*** Opening Records for this exercise ***
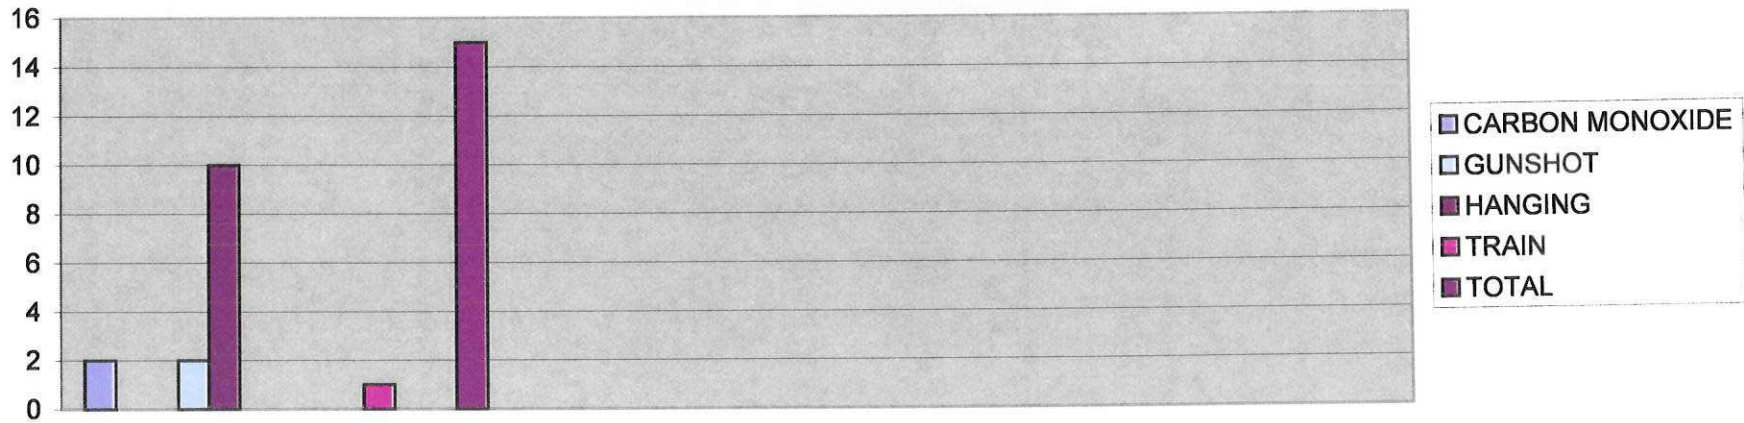

CARBON MONOXIDE	DROWNING	GAS	GUNSHOT	HANGING	O/D	PLASTIC BAG	POISON	STAB OR CUT	TRAIN	THERMAL	POSSIBLE SUICIDE	TOTAL
2			2	10					1			15

2010 COUNTRY SUICIDE DEATHS
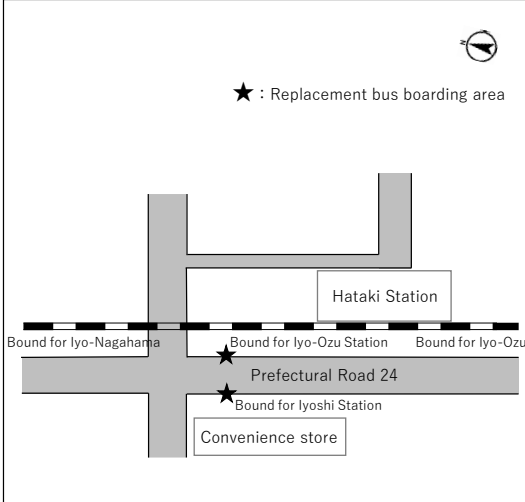

Kushi Station

# Replacement Bus Boarding Locations for the Yosan Line Coastal Route Between Iyoshi and Iyo-Ozu Stations (via Iyo-Nagahama Station)

Kitanada Station

Iyo-Nagahama Station

Iyo-Izushi Station

Iyo-Shirataki Station

Hataki Station

Haruka Station

# Replacement Bus Boarding Locations for the Yosan Line Coastal Route Between Iyoshi and Iyo-Ozu Stations (via Iyo-Nagahama Station)

Goro Station

Iyo-Ozu Station
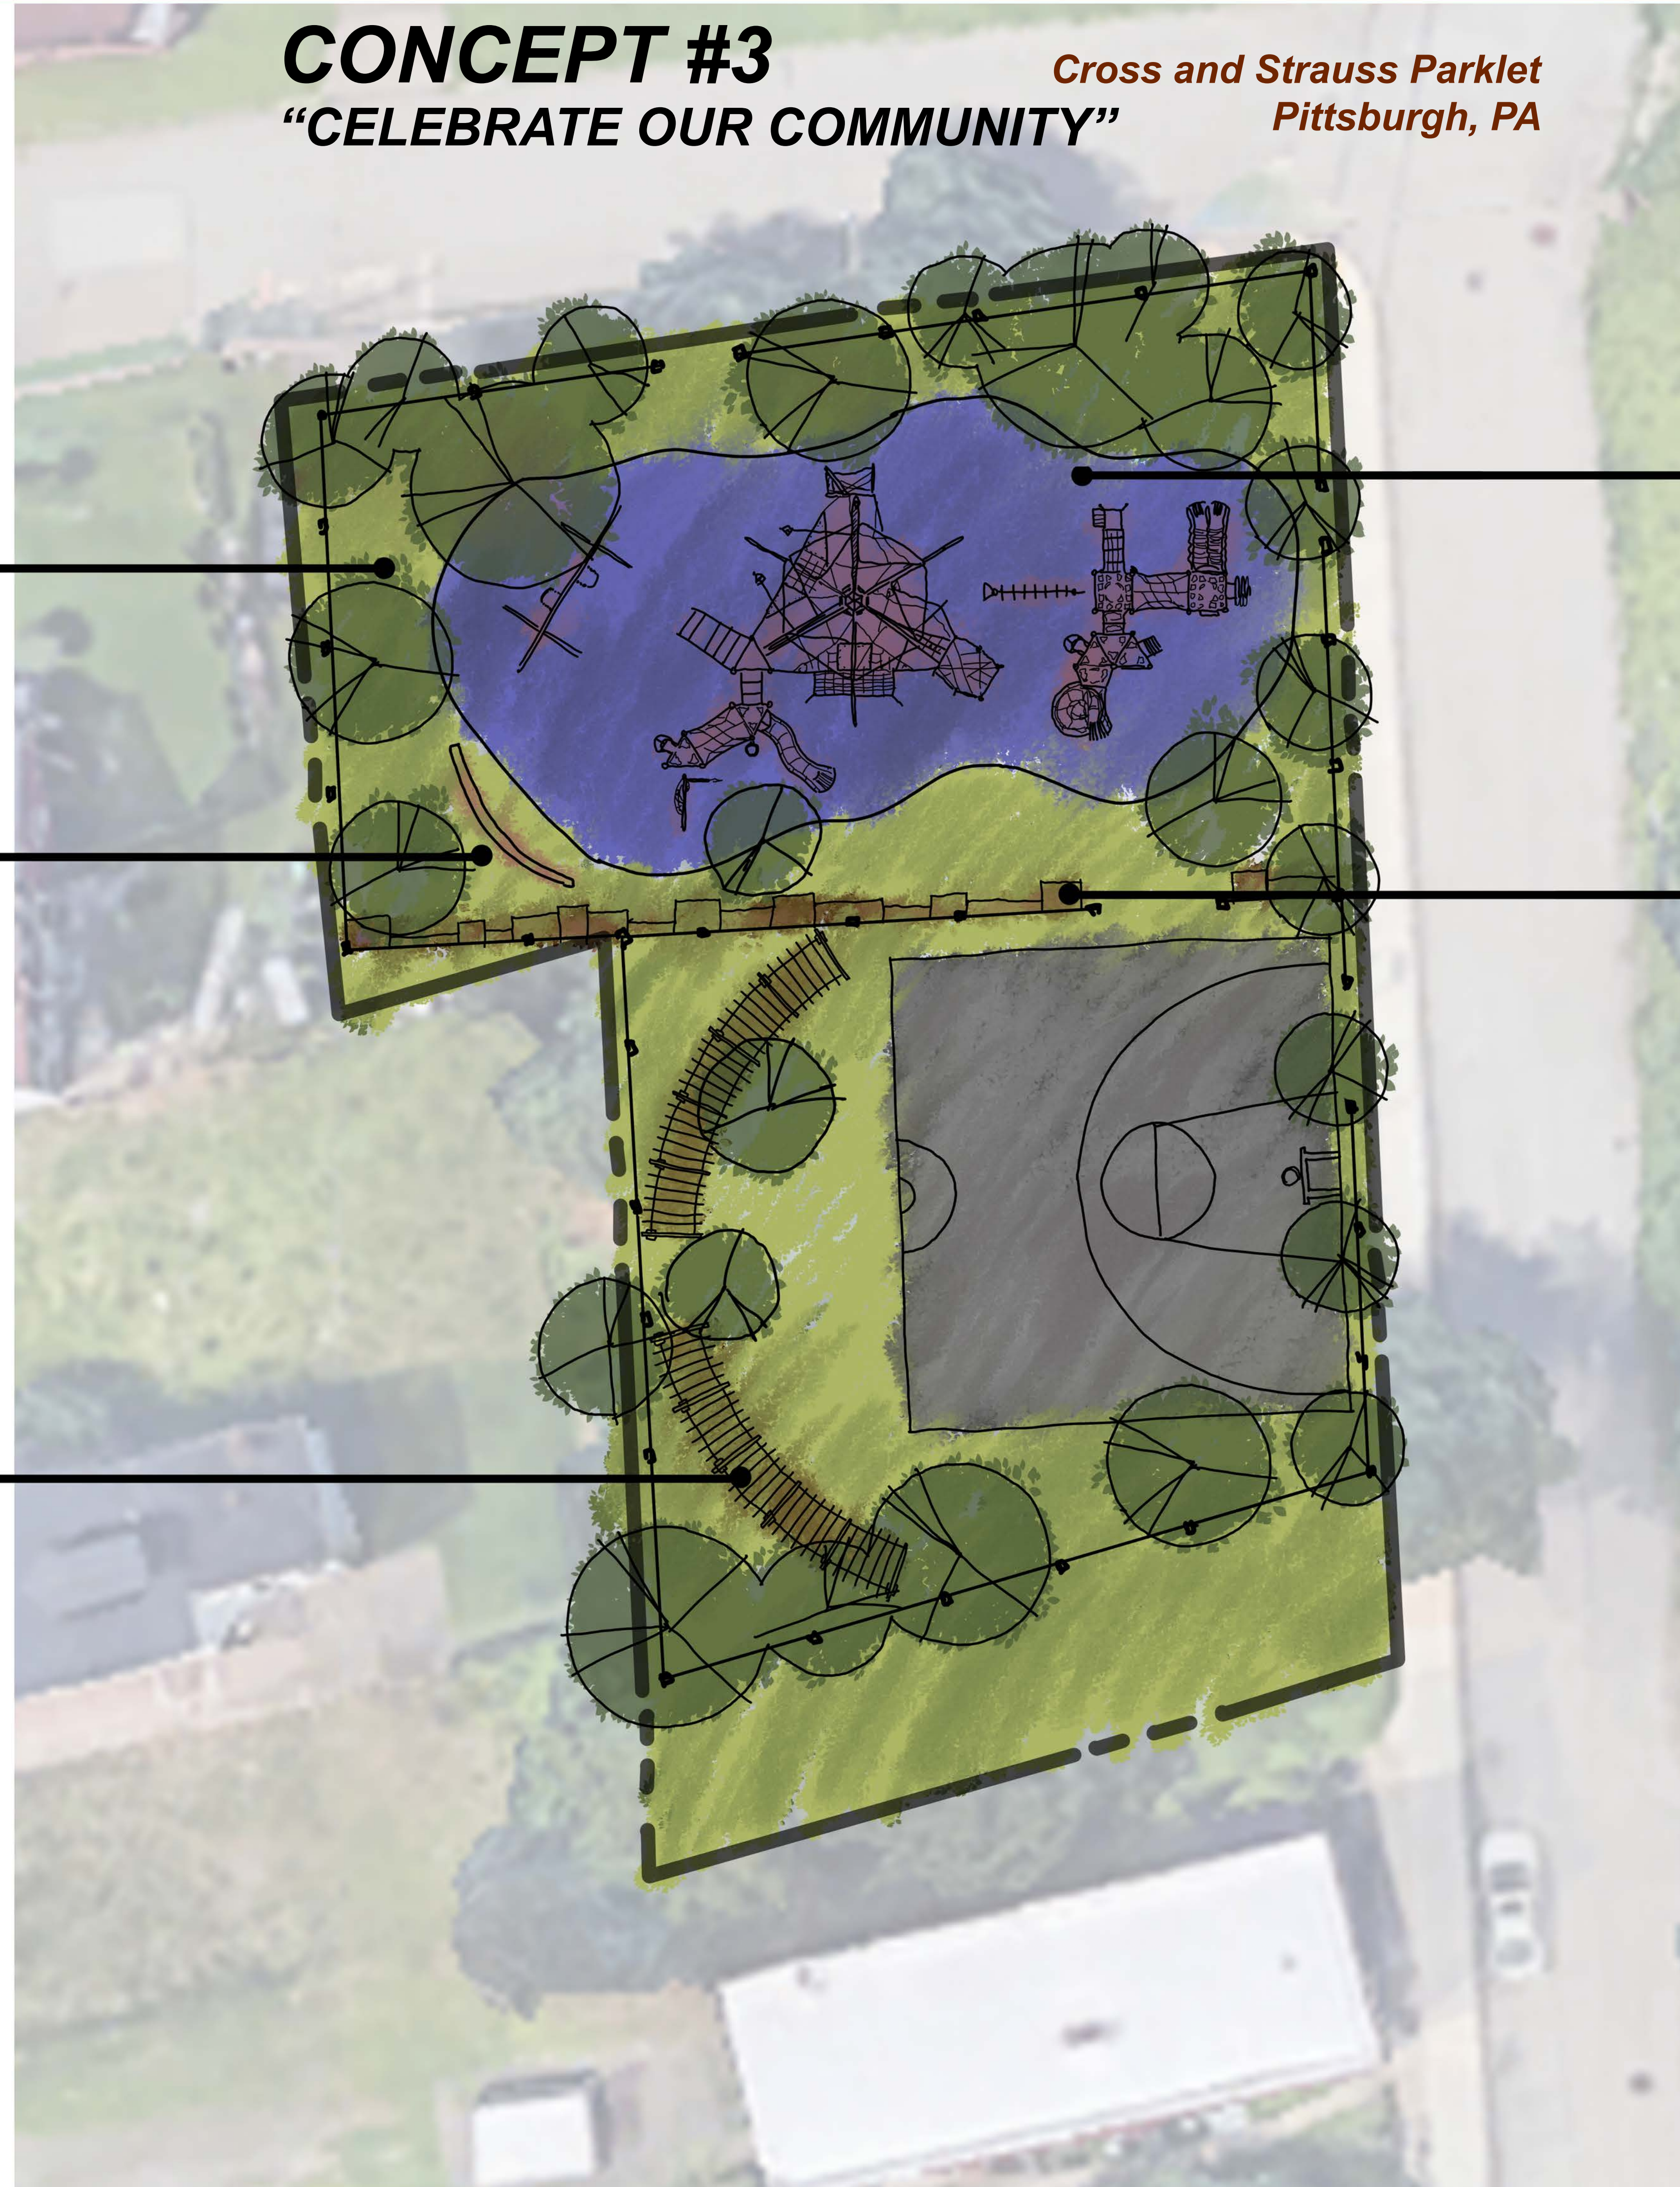

# CONCEPT #1 "EXPLORE AND LEARN"

Cross and Strauss Parklet  
Pittsburgh, PA

early childhood sensory station

outdoor classroom

interactive walls attached to chainlink

nature themed playgrounds

playground surface to reflect local ecosystem

community bench and tables

patio seating

silhouettes on existing fence

shade sails

# CONCEPT #3

**"CELEBRATE OUR COMMUNITY"**

Cross and Strauss Parklet  
Pittsburgh, PA

outdoor artwork frames

community bulletin board

"helping hands" pergola & garden

inclusive playground

"grow a tree" & community garden boxes
*** Closing Records for this exercise ***
* [Directions for this task] Leave out the images and write out the lines above exactly, from the one with "Iyo-Shirataki Station" up to and including the one with "shade sails".

* [Response box]
Iyo-Shirataki Station

Hataki Station

Haruka Station

# Replacement Bus Boarding Locations for the Yosan Line Coastal Route Between Iyoshi and Iyo-Ozu Stations (via Iyo-Nagahama Station)

Goro Station

Iyo-Ozu Station

# CONCEPT #1 "EXPLORE AND LEARN"

Cross and Strauss Parklet  
Pittsburgh, PA

early childhood sensory station

outdoor classroom

interactive walls attached to chainlink

nature themed playgrounds

playground surface to reflect local ecosystem

community bench and tables

patio seating

silhouettes on existing fence

shade sails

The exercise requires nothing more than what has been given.